General procedure for the preparation of N-(5,6-diphenyl-1,2,4-triazin-3-yl)-4-aryl-5-benzoylamino-1,3-diphenyl-2-pyrazoline-5-carbohydrazides (6a,b).

Each of compounds 5a,b (1 mmol) was added to a solution of compound 2 (1 mmol) in toluene (10 mL). The reaction mixture was then heated under reflux for 11/2 hour, concentrated, and diluted with petroleum ether (bp. 40-60 °C). After decantation, the residue obtained was boiled in ethanol (5 mL), filtered, and cooled. The formed precipitate was collected by filtration and recrystallized from ethanol giving colorless crystals of 6a,b.

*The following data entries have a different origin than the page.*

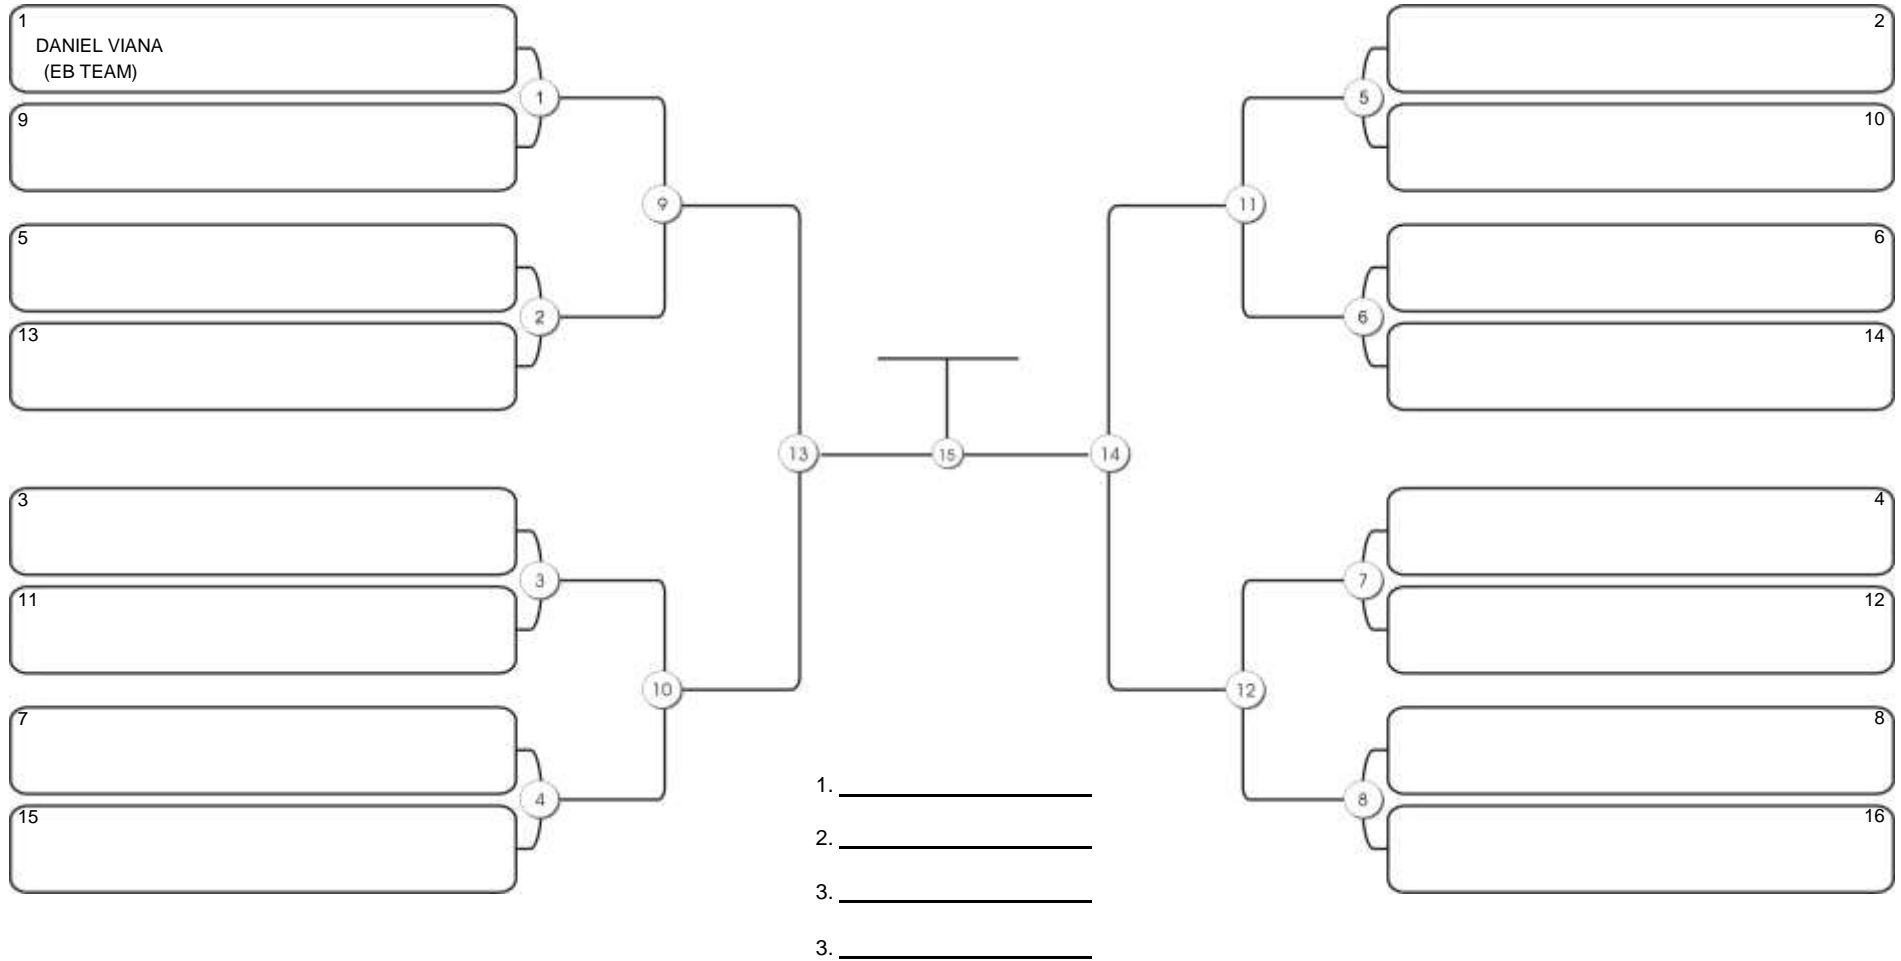

CEARÁ BELT 2024

Piamarta Aguanambi, Fortaleza, Ceará, 14 abr 2024

ADULTO MASC ROXA MEIO-PESADO

Responsável: _____
Nome: _____
Assinatura: _____
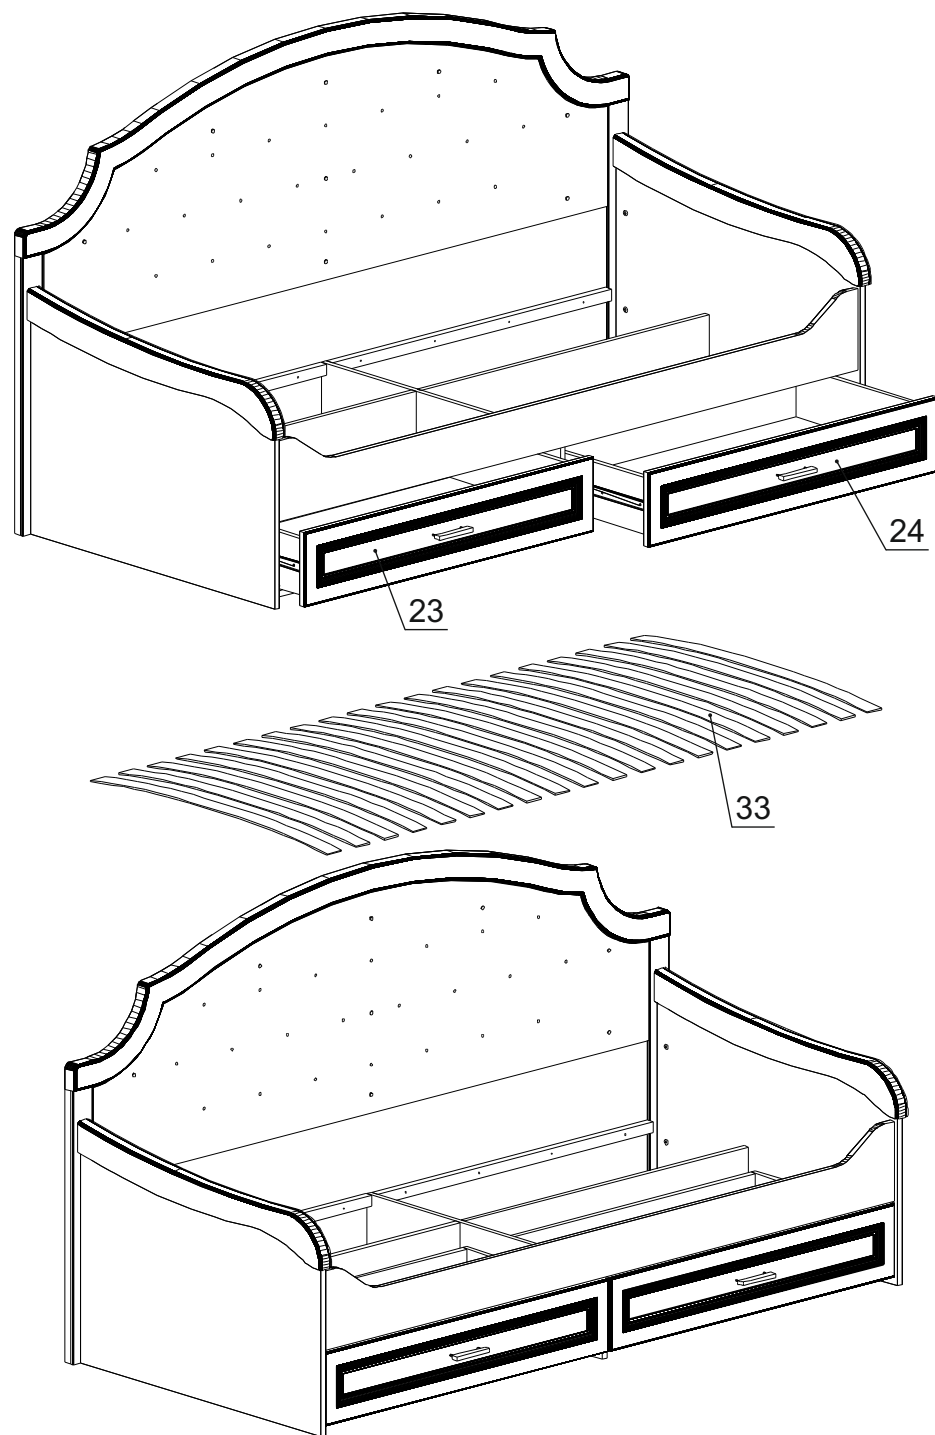

Паспорт изделия

Набор мебели для детской комнаты 2.44.915.142

«Флора»

Кровать одинарная с ящиками 900 № 915

95736.08.000

Производитель: ООО «Яна», Россия, 346714, Ростовская обл, Аксайский р-н, ст. Грушевская, ул. Данилова, 1, www.yanamebel.ru

Детали на кровать одинарную с ящиками № 915

Спецификация деталей № 915				
№	Наименование	Размер	Кол.	Пакет
1	Спинка левая радиус	914x585	1	3
2	Спинка правая радиус	914x585	1	3
3	Распорка	896x250	1	3
4	Царга радиус	2004x215	1	2
5	Распорка	994x250	1	4
6	Распорка	994x250	1	4
7	Распорка правая	994x150	1	4
8	Распорка левая	994x150	1	4
9	Стенка ящика передняя	936x150	2	1
10	Стенка ящика левая	500x150	2	3
11	Стенка ящика правая	500x150	2	3
12	Стенка ящика задняя	936x150	2	2
13	Дно ящика	936x468	2	4
14	Задняя спинка в сборе	1950x1110	1	1
23	Фасад ящика левый	998x197	1	1
24	Фасад ящика правый	998x197	1	1

N-(5,6-Diphenyl-1,2,4-triazin-3-yl)-5-benzoylamino-1,3,4-triphenyl-2-pyrazoline-5-carbohydrazide (6a). Using the general procedure, 5a gave 6a (73%); mp. 218-219°C; IR (cm-1): 3405, 3277 (NH str.), 3063, 3038 (aromatic CH str.), 2922, 2866, 2855 (pyrazolinyl aliphatic CH str.), 1709 (hydrazide C=O str.), 1685 (amide C=O str.), 1627 (C=N str.), 1601 (aromatic C=C str.), 1505, 1480 (NH bend.), 1365, 1312, 1283, 1251 (C-N str.), 762, 697 (aromatic CH bend.); 1H-NMR (DMSO-d6) δ 11.31, 10.31 [2s, 2H (exch.), hydrazide NHNH], 7.72 [s, 1H (exch.), amide NH], 7.57-6.82 (m, 30H, ArH's), 5.64 (s, 1H, pyrazolinyl CH); 13C-NMR (DMSO-d6) δ 171.5, 164.8 (C=O), 157, 152, 146.5, 142.5 (C=N), 136.2, 134.6, 132.2, 131.5 (aromatic C), 130.5, 129.5, 129.4, 128.7, 128.6, 128.5, 128.2, 127.6, 127.3, 127.2, 127.0. 126.2 (aromatic CH), 81.6 (pyrazolinyl C), 63.5 (pyrazolinyl CH); Anal. for C44H34N8O2 Calcd.: C, 74.77; H, 4.85; N, 15.85. Found: C, 74.60; H, 5.00, N, 15.70.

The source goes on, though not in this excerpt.